Data entries:
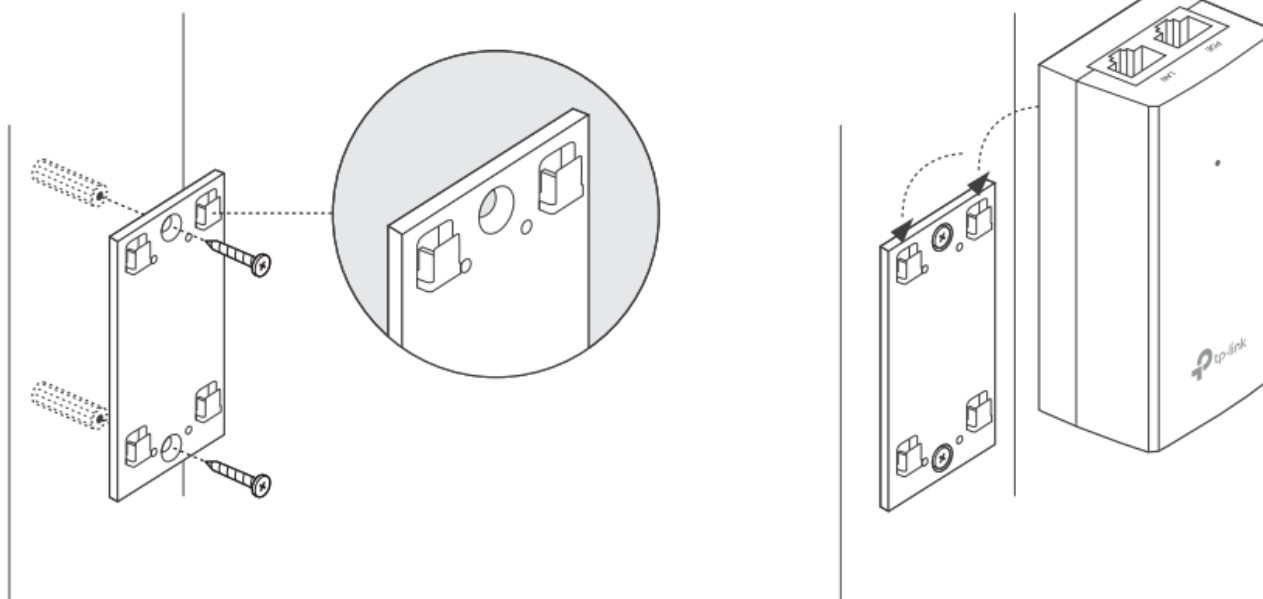

60 měs.

Stav:

Nové zboží

Popis

TP-Link TL-POE2412G

Pasivní PoE injektor slouží pro napájení všech zařízení, které v sobě mají zabudovaný PoE extraktor a podporují napětí 24 V. PoE adaptér má dva gigabitové ethernetové porty.

Díky držáku, který je součástí balení, tento model jednoduše připevníte na zeď.

Součástí balení je napájecí kabel.

ZÁKLADNÍ SPECIFIKACE

Typ: pasivní

Výstupní napětí: 24 V

Výstupní výkon: 12 W

Výstupní PoE port: 1 x 10/100/1000 Mbps

Rozměry: 85,8 x 43,9 x 35 mm

Assigned task: From the line that holds "Pasivní PoE injektor" to the last line of the records above, print each line exactly. Add nothing else.

Result:
Pasivní PoE injektor slouží pro napájení všech zařízení, které v sobě mají zabudovaný PoE extraktor a podporují napětí 24 V. PoE adaptér má dva gigabitové ethernetové porty.

Díky držáku, který je součástí balení, tento model jednoduše připevníte na zeď.

Součástí balení je napájecí kabel.

ZÁKLADNÍ SPECIFIKACE

Typ: pasivní

Výstupní napětí: 24 V

Výstupní výkon: 12 W

Výstupní PoE port: 1 x 10/100/1000 Mbps

Rozměry: 85,8 x 43,9 x 35 mm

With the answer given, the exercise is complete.